Кем приходились мы друг другу, никто не знал, и все равно нам, словно замкнутому кругу, терпеть единство суждено.
И ты, прекрасная собака, ты тоже здесь, твой долг высок в том братстве, где собрат собрата терзал и пестовал, как мог.
Но в этом трагедийном детстве Былых и будущих утрат свершался, словно сон о детстве, спасающий меня антракт,
когда к обеду накрывали, н жизнь моя была проста, и Александры Николавны являлась странность и краса.
Когда я на нее глядела, я думала: не зря, о, нет, а для таинственного дела мы рождены на белый свет.
Не бесполезны наши муки, и выгоды не сосчитать затем, что знают наши руки, как холст и краски сочетать.
Не зря обед, прервавший беды, готов и пахнет, и твердят все губы детские обеты и яства детские едят.
Не зря средь праздника иль казни, то огненны, то вдруг черны, несчастны мы или прекрасны, и к этому обречены.
x x x
Прощай! Прощай! Со лба сотру воспоминанье: нежный, влажный сад, углубленный в красоту, словно в занятье службой важной.
Прощай! Все минет: сад и дом, двух душ таинственные распри, и медленный любовный вздох той жимолости у террасы.
Смотрели, как в огонь костра,до сна в глазах, до муки дымной, и созерцание куста равнялось чтенью книги дивной.
Прощай! Но сколько книг, дерев нам вверили свою сохранность, чтоб нашего прощанья гнев поверг их в смерть и бездыханность.
Прощай! Мы, стало быть, из них, кто губит души книг и леса. Претерпим гибель нас двоих без жалости и интереса.
ПРОЩАНИЕ С КРЫМОМ
Перед тем, как ступить на балкон, я велю тебе, богово чудо: пребывай в отчужденье благом! Не ищи моего пересуда.
Не вперяй в меня рай голубой, постыдись этой детской уловки. Я-то знаю твой кроткий разбой, добывающий слово из глотки.

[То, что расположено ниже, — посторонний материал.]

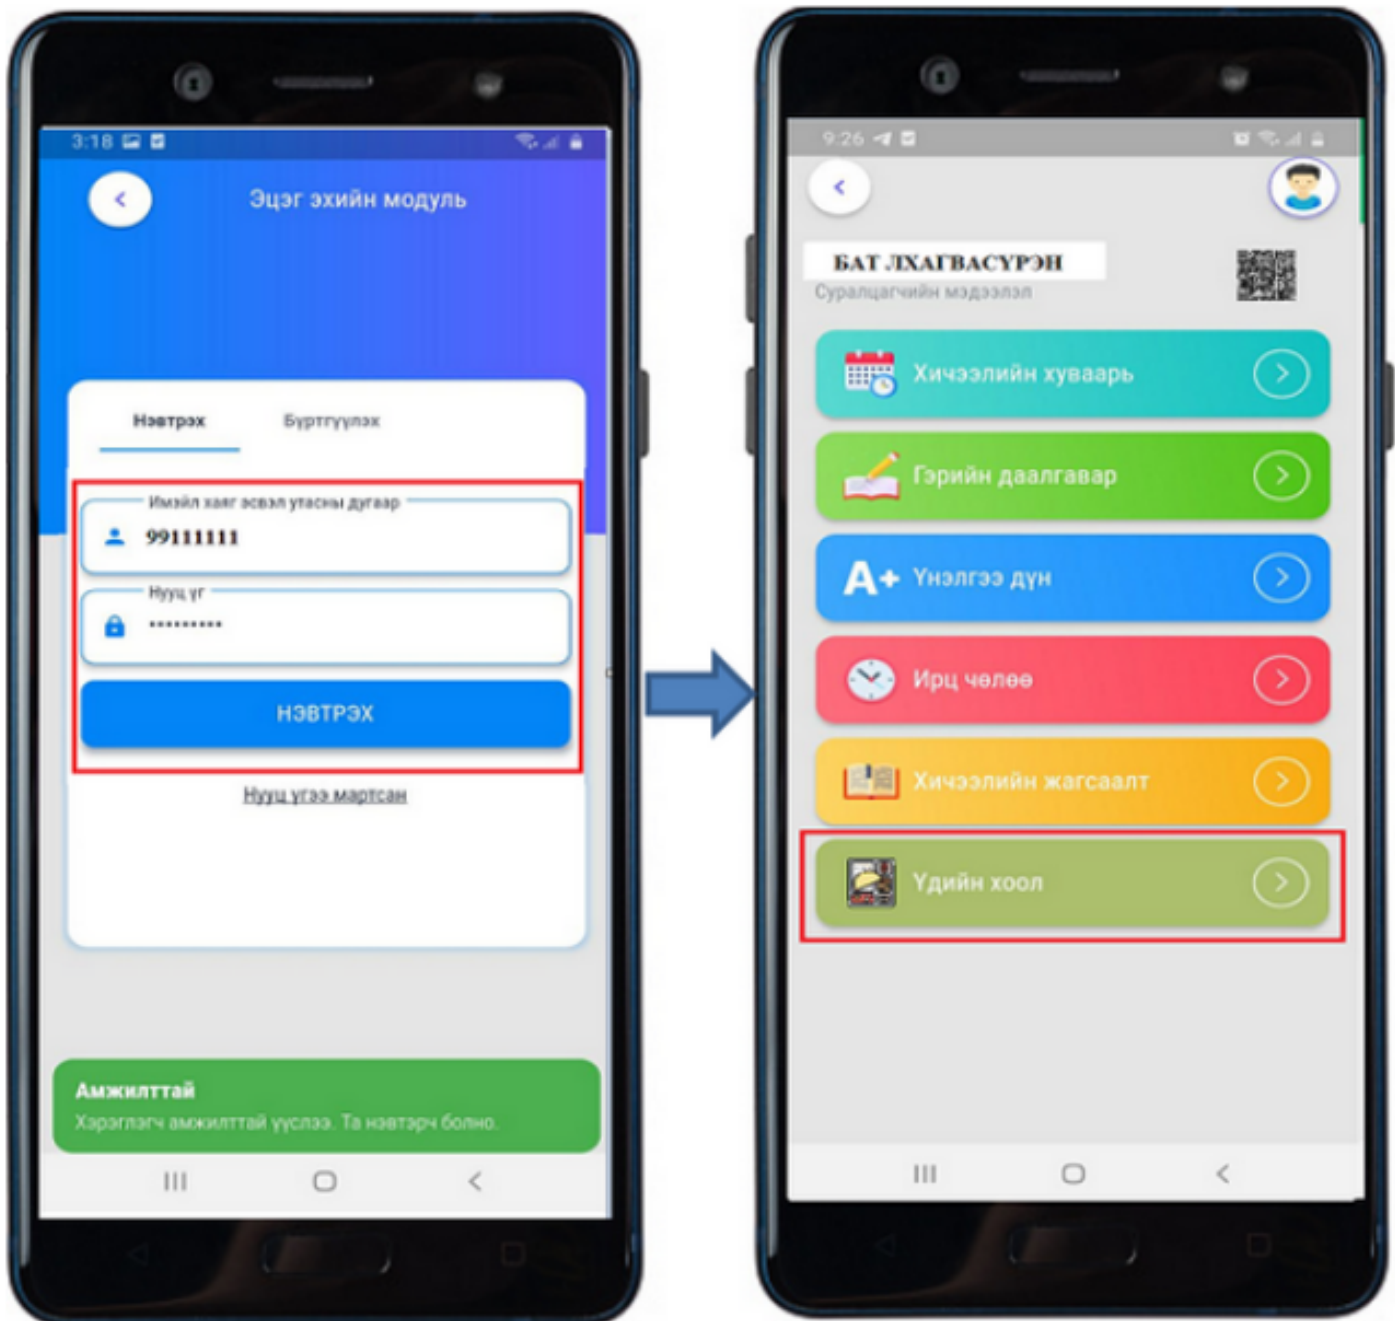

### Анги удирдсан багш

Овог, нэр: Цэцэгээ	Холбогдох утас:
-----------------------	-----------------

QR код хэвлэх

Анги: 8-а  
Овог: Бат  
Нэр: Лхагвасүрэн  
Утас: \_\_\_\_\_  
parent.edu.mn | medle.mn

- Үдийн хоолны хуваарь 7 хоногоор системд дараах байдлаар харагдана.

- Тухайн өдрийн хоолны цэс, шимт тэжээлийн нийт бодисын хэмжээ харах боломжтой.
- Тухайн өдрийн үдийн хоолны шимт бодисын нийт хэмжээг шимт бодис товчийг дарж харна.
- 1-р хоол, 2-р хоол, хачир салатны шимт тэжээлийн бодисын хэмжээг **шимт бодис** товчийг дарж тус бүрт нь харна.

- Суралцагчийн эцэг эх үдийн хоолны талаарх санал хүсэлт болон 1-5 хүртэлх одоор үнэлгээ өгөх боломжтой.
- Шар ододыг дарж хоолны амт чанарын үнэлгээ өгнө

- Хэрэв 3-аас бага үнэлгээ өгсөн тохиолдолд эцэг эх сэтгэгдэл бичиж илгээнэ.

## Эцэг эхийн систем- mobile

- ESIS мобайл аппликейшн ашиглан өдөрт ямар үдийн хоолонд ямар хоол идэж байгаа, илчлэг хэмжээ, шимт бодисын хэмжээг харах боломжтой.
- Эцэг эх өөрийн нэвтрэх нэр, нууц үгээр хандана.
- Суралцагчийн мэдээллээс үдийн хоол цэсийг сонгож хуваарь хоолны цэсийг харна.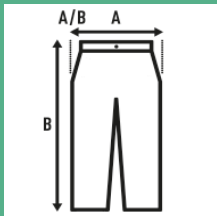

**BABY SWEAT PANTS**

Pantalón de bebé.  
2X1 canalé con elastano en puños y bajo.  
Tejido sin perchar (French Terry).  
GM: 61% Algodón / 31% Poliéster / 8% Viscosa.

65% Polyester 35% cotton. 260 g/m².

Box/Box 25

Pack/Pack 25

**SIZE/Size**

EU	0	1	2
Width	25 cm	27 cm	29 cm
	34 cm	36 cm	38 cm

Navy (NY)

Grey Melange (GM)

Butter Cream (BT)

Pink Vintage (PV)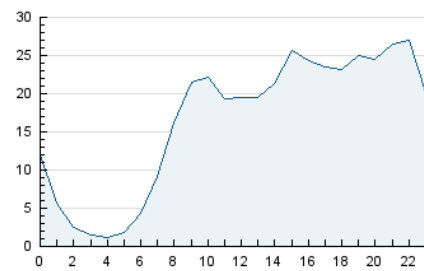

2. Seccions (Nacional)

	PÀGINES	%
HOME	103.202	17.03 %
RESTA	502.697	82.97 %

3. Per dia del mes (Nacional)

Dia	N. únics	Visites	Pàgines	Dia	N. únics	Visites	Pàgines	Dia	N. únics	Visites	Pàgines
1	12.077	15.166	23.032	11	9.552	11.743	18.310	21	9.297	12.065	19.334
2	11.594	14.580	21.406	12	10.890	14.099	21.872	22	10.521	13.211	19.882
3	6.626	8.422	12.683	13	11.022	13.809	21.317	23	9.466	11.817	17.388
4	7.178	9.197	14.594	14	12.478	15.620	24.216	24	11.955	14.544	21.205
5	8.656	10.677	17.579	15	12.109	14.958	22.717	25	9.505	11.881	18.466
6	13.935	17.311	24.882	16	18.737	22.875	32.521	26	8.600	10.757	16.611
7	7.565	9.429	14.768	17	13.553	16.774	23.847	27	7.994	10.134	16.116
8	6.445	8.066	13.624	18	10.046	12.731	19.543	28	12.183	15.609	23.927
9	6.612	8.226	13.780	19	11.741	15.080	22.024	29	11.927	15.363	24.311
10	7.633	9.781	15.577	20	10.099	12.900	20.260	30	9.329	11.708	17.776
								31	7.170	8.667	12.331

4. Gràfiques (Nacional)

4.1 Per dia de la setmana (promig)

N. únics / Visites (x 100)

Pàgines (x 100)

4.2 Per franja horària (promig)

Visites (x 1000)

Pàgines (x 1000)

4.3 Per mesos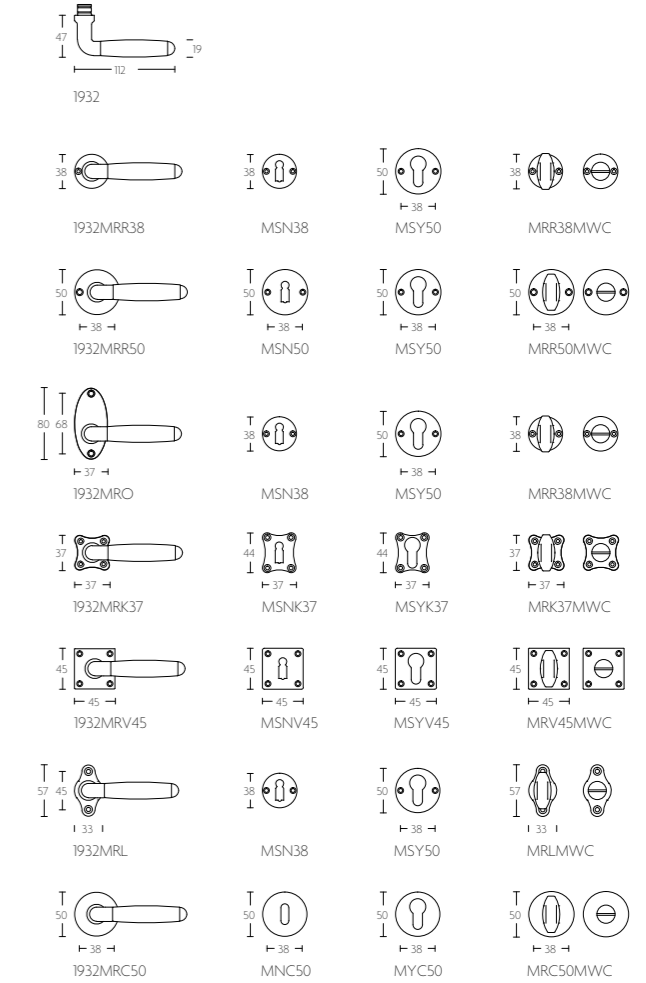

TIMELESS

DEURBESLAG | DOOR FITTINGS

1932
tonmodel

massieve deurkruk, ongeveerd op rozet | solid unsprung lever handle on rose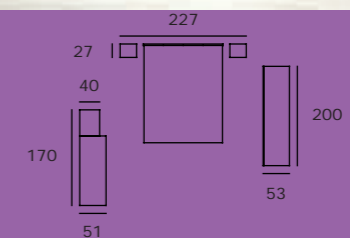

INNOVAR DÍA A DÍA EN TU VIDA

Hibernian-01

Rojo-15

LITERAS,

CAMAS ABATIBLES

OPTIMIZAR LOS ESPACIOS COMPLICADOS

Caledonian-05

Turquesa-09

Мне случалось с тобой говорить, проболтавшийся баловень пыток, смертным выдохом ран горловых я тебе поставляла эпитет.
Но довольно! Всесветлый объем не таращь и предайся блаженству. Хватит рыскать в рассудке моем похвалы твоему совершенству.

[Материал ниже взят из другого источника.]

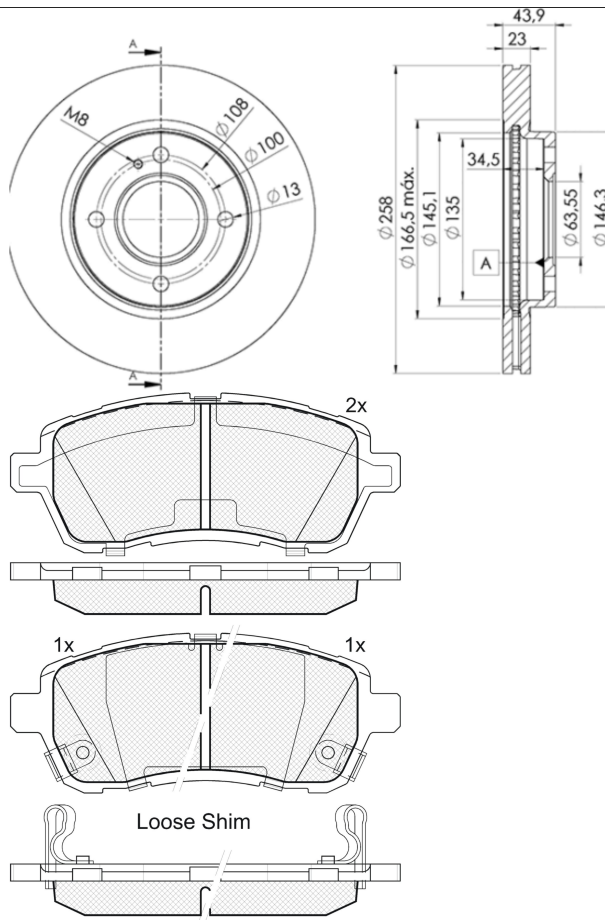

LISTA DE APLICACIONES - BUYERS GUIDE

31881-5636

Weight: 13.665

31881-5636

Lucas - Girling

125.5x51.5x15.9
Ø258x23x43.9

WVA
24675
24676

MAKE
FORD

Trac.	CC	Kw	CV
-------	----	----	----

Front / Rear

FORD

FIESTA VI (CB1, CCN) 06.08-							Hatchback (Supermini car-B Segment)	
1.0 (XMJA)		Gasolina	FWD	998	48	65	01.13-04.17	■
1.0 (XMJA)		Gasolina	FWD	998	48	65	01.13-04.17	■
1.0 (XMJB)		Gasolina	FWD	998	48	65	01.13-04.17	■
1.0 (XMJB)		Gasolina	FWD	998	48	65	01.13-04.17	■
1.0 (XMJC)		Gasolina	FWD	998	48	65	01.13-04.17	■
1.0 (XMJC)		Gasolina	FWD	998	48	65	01.13-04.17	■
1.0 (XMJD)		Gasolina	FWD	998	48	65	01.13-04.17	■
1.0 (XMJD)		Gasolina	FWD	998	48	65	01.13-04.17	■
1.0 EcoBoost (SFJA)		Gasolina	FWD	998	74	100	01.13-04.17	■
1.0 EcoBoost (SFJA)		Gasolina	FWD	998	74	100	01.13-04.17	■
1.0 EcoBoost (SFJB)		Gasolina	FWD	998	74	100	01.13-04.17	■
1.0 EcoBoost (SFJB)		Gasolina	FWD	998	74	100	01.13-04.17	■
1.0 EcoBoost (SFJC)		Gasolina	FWD	998	74	100	01.13-04.17	■
1.0 EcoBoost (SFJC)		Gasolina	FWD	998	74	100	01.13-04.17	■
1.0 EcoBoost (SFJD)		Gasolina	FWD	998	74	100	01.13-04.17	■
1.0 EcoBoost (SFJD)		Gasolina	FWD	998	74	100	01.13-04.17	■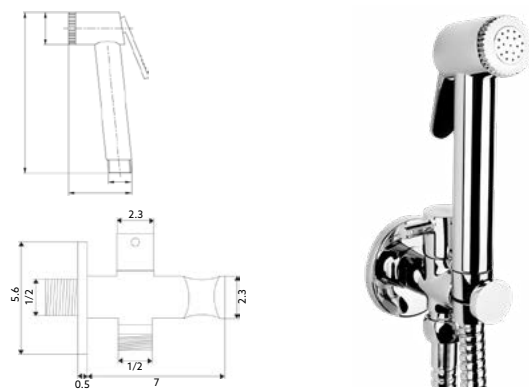

TORNEIRA BIDÉ COM SUPORTE FRONTAL REDONDO CHUVEIRO ABS CROMO

Art.:026104 **€22.11** 10

Torneira Corpo Latão Cromado | Castelo Cerâmico | Ligação Flexível Revestida 1.20m | Chuveiro ABS Cromado Start/Stop | Saída de Água com Suporte Chuveiro Cromado.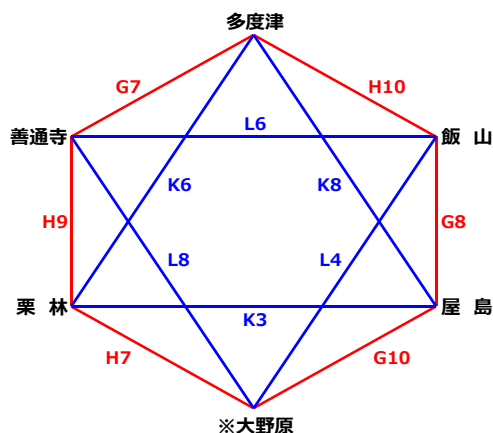

第7回香川ルーキーズ交歓試合

【女子】 ＜組合せ＞

《W1》リーグ

《W2》リーグ

《W3》リーグ

《W4》リーグ

試合時間：5分×3Q（5分-1分-5分-1分-5分）

※印は混成チームを示す

時間	11月3日(木)				11月5日(土)				11月6日(日)				
	大野原会館(開場8時30分)								大野原会館(開場8時30分)				
	Cコート(ｽﾏｰｼﾞ側)		Dコート(入り口側)		Gコート(ｽﾏｰｼﾞ側)		Hコート(入り口側)		Kコート(ｽﾏｰｼﾞ側)		Lコート(入り口側)		
1	09時20分	W1	※三木 - 金山	W1	観音寺 - 紀伊	W4	綾歌 - 丸亀南	W4	城西 - 志度	W3	豊中 - 坂出東部	W3	※亀阜 - ※国分寺
2	10時00分	W1	香川町 - 高瀬	W4	綾歌 - 城西	W1	※三木 - 観音寺		-	W3	一宮 - 城東		-
3	10時40分	W4	丸亀南 - 志度	W4	土庄 - 円座	W4	土庄 - 綾歌	W4	円座 - 城西	W2	栗林 - 屋島	W3	坂出東部 - ※亀阜
4	11時20分	W3	坂出東部 - ※国分寺	W1	高瀬 - ※三木	W1	香川町 - ※三木	W3	豊中 - ※亀阜	W3	城東 - 豊中	W2	※大野原 - 飯山
5	12時00分	W1	金山 - 観音寺	W1	紀伊 - 香川町	W4	丸亀南 - 土庄	W4	志度 - 円座	W1	金山 - 紀伊	W3	※国分寺 - 一宮
6	12時40分	W3	城東 - 坂出東部	W4	円座 - 綾歌	W1	観音寺 - 香川町	W3	一宮 - 豊中	W2	多度津 - 栗林	W2	飯山 - 善通寺
7	13時20分	W4	城西 - 丸亀南	W4	志度 - 土庄	W2	多度津 - 善通寺	W2	栗林 - ※大野原	W1	高瀬 - 金山		-
8	14時00分	W3	※国分寺 - 城東		-	W2	屋島 - 飯山	W3	※亀阜 - 一宮	W2	屋島 - 多度津	W2	善通寺 - ※大野原
9	14時40分		-		-		-	W2	善通寺 - 栗林	W1	紀伊 - 高瀬		-
10	15時20分		-		-	W2	※大野原 - 屋島	W2	飯山 - 多度津		-		-
11	16時00分		-		-		-		-		-		-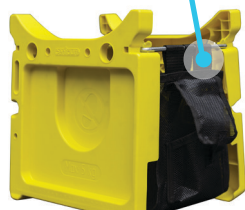

TABLETTE PORTE-OUTILS POUR ECHAFAUDAGE

✗ Ses deux grands plateaux et son panier permettent de disposer d'un maximum d'outils.

✗ Équipée du système lock-in pour recevoir les accessoires de la gamme.

✗ Charge maximale répartie : 15 kg.

✗ Installation instantanée sur les lisses de l'échafaudage.

✗ Dôtée d'une bandoulière, elle se transporte à l'épaule pour une montée des outils en toute sécurité.

✗ S'adapte sur tous les échafaudages équipés de garde-corps*.

*La largeur du garde-corps doit être comprise entre 51 cm et 65 cm.

Code article : 380493

Gen. code : 3172963804937

Poids du produit emballé : 1,55 kg

Poids du produit sans emballage : 0,95 kg

Garantie 2 ans.

Vendue à plat dans un carton waterproof (70x30x5 cm)

Не упорствуй, не шарь в пустоте, выпит мед из таинственных амфор. И по чину ль твоей красоте примерять украшенье метафор?
Знает тот, кто в семь дней сотворил семицветие белого света, как голодным тщеславьем твоим клянчишь ты подаяний поэта?

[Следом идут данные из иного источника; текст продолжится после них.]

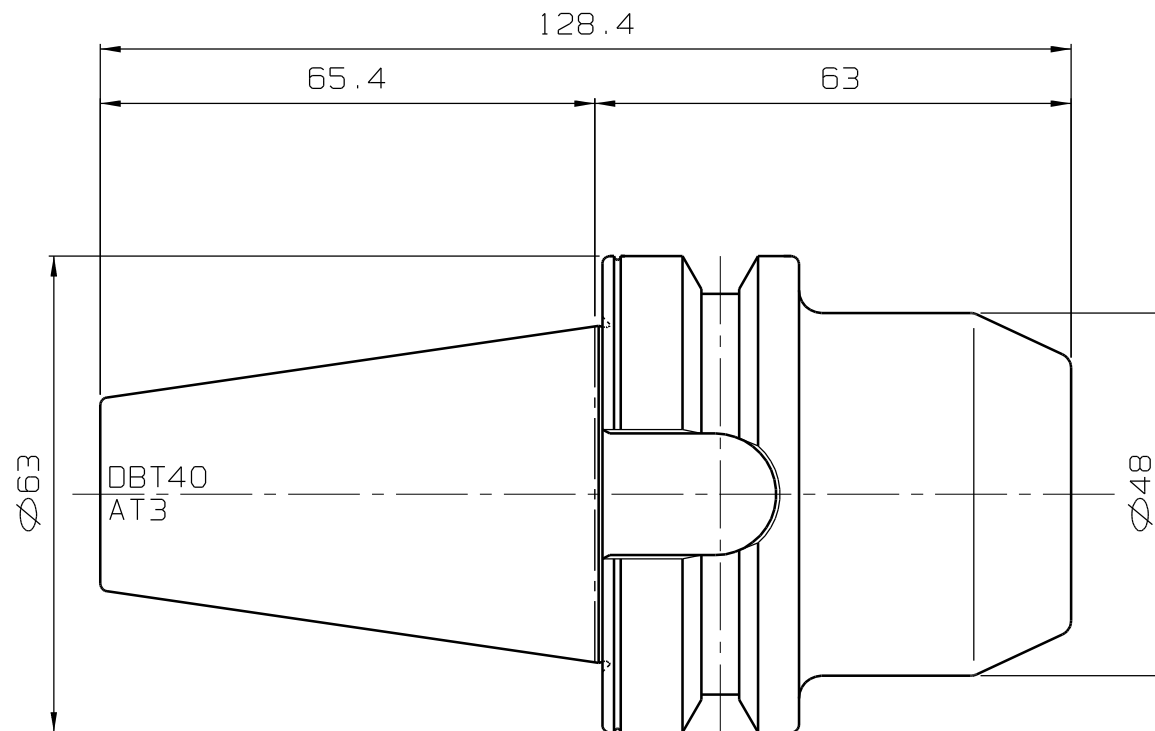

DC . 406 . 04 . 16

K KEMMLER®
Präzisionswerkzeuge

Copyright Kemmler Präzisionswerkzeuge GmbH
Weitergabe und Vervielfältigung dieser Unterlage.
Verwertung und Mitteilung ihres Inhalts nicht gestattet,
soweit nicht ausdrücklich zugestanden.
Zuwiderhandlungen verpflichten zu Schadenersatz.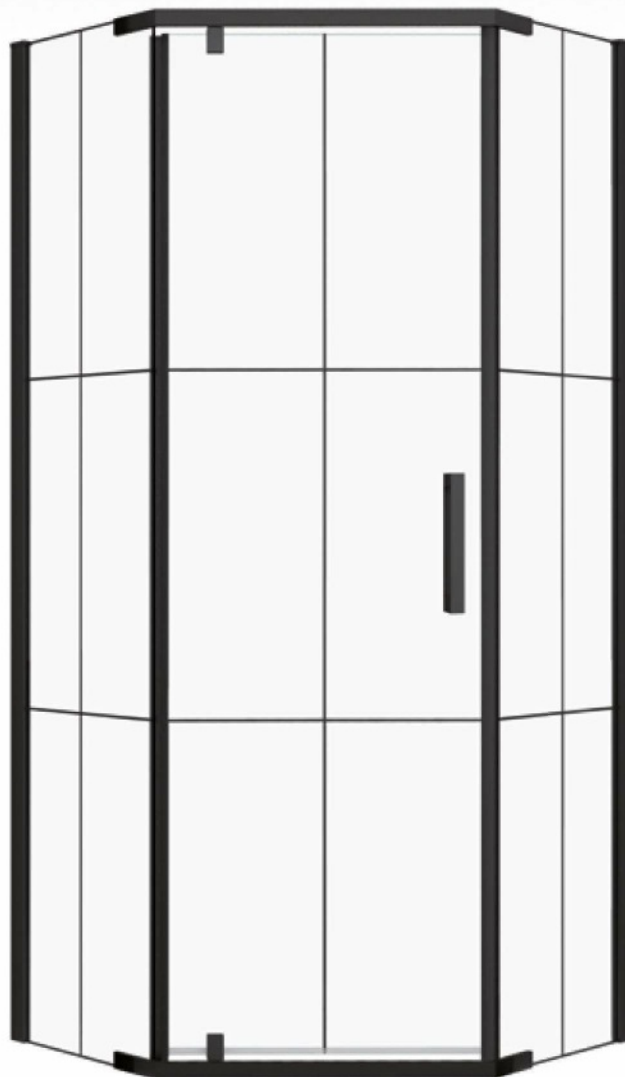

**DOOR:** SINGLE WING SWING DOOR

## KABINA NATRYSKOWA

**WYMIARY:** 89,5 X 89,5 X 195 CM

**MONTAŻ:** NAROŻNY

**SZKŁO:**  
6 MM, HARTOWANE, TRANSPARENTNE, Z POWŁOKĄ KERRA PROTECT

**PROFILE:** ALUMINIOWE, ZŁOTE

**DRZWI:** JEDNOSKRZYDŁOWE, UCHYLNE

## SHOWER ENCLOSURE

**SIZE:** 89,5 X 89,5 X 195 CM

**INSTALLATION:** CORNER

**GLASS:**  
6 MM, TEMPERED, TRANSPARENT, WITH "KERRA PROTECT" COATING

**PROFILES:** ALUMINIUM, GOLD

**DOOR:** SINGLE WING SWING DOOR

Прогоняю, стращаю, кляну, выхожу на балкон. Озираюсь. Вижу дерево, море, луну, их беспамятство и безымянность.
Плачу, бедствую, гибну почти, говорю: о, даруй мне пощаду, погуби меня, только прости! И откуда-то слышу: - Прощаю...
x x x
Мне вспоминать сподручней, чем иметь. Когда сей миг и прошлое мгновенье соединятся, будто медь и медь, их общий звук и есть стихотворенье.
Как я люблю минувшую весну, и дом, и сад, чья сильная природа трудом горы держалась на весу поверх земли, но ниже небосвода.
Люблю сейчас, но, подлежа весне, я ощущала только страх и вялость к объему моря, что в ночном окне мерещилось и подразумевалось.
Когда сходились море и луна, студил затылок холодок мгновенный, как будто я, превысив чин ума, посмела фамильярничать с вселенной.
В суть вечности заглядывал балкон не слишком ли? Но оставалась радость, что, возымев во времени былом день нынешний, - за все я отыграюсь.
Не наглость ли - при море и луне их расточать и обмирать от чувства: они живут воочью, как вчерне и набело, навек во мне очнутся.
Что происходит между тем и тем мгновеньями? Как долго длится это в душе крепчает и взрослеет тень оброненного в глушь веков предмета.
Не в этом ли разгадка ремесла, чьи правила: смертельный страх и
доблесть, блеск бытия изжить, спалить дотла и выгадать его бессмертный отблеск?
ВОСПОМИНАНИЕ О ЯЛТЕ
В тот день случился праздник на земле. Для ликованья все ушли из дома, оставив мне два фонаря во мгле по сторонам глухого водоема.
Еще и тем был сон воды храним, что, намертво рожден из алебастра, над ним то ль нетопырь, то ль херувим улыбкой слабоумной улыбался.
Мы были с ним недальняя родня среди насмешек и неодобренья он нежно передразнивал меня значеньем губ и тщетностью паренья.
Внизу, в порту, в ту пору и всегда, неизлечимо и неугасимо пульсировала бледная звезда, чтоб звать суда и пропускать их мимо.
Любовью жегся и любви учил вид полночи. Я заново дивилась неистовству, с которым на мужчин и женщин человечество делилось.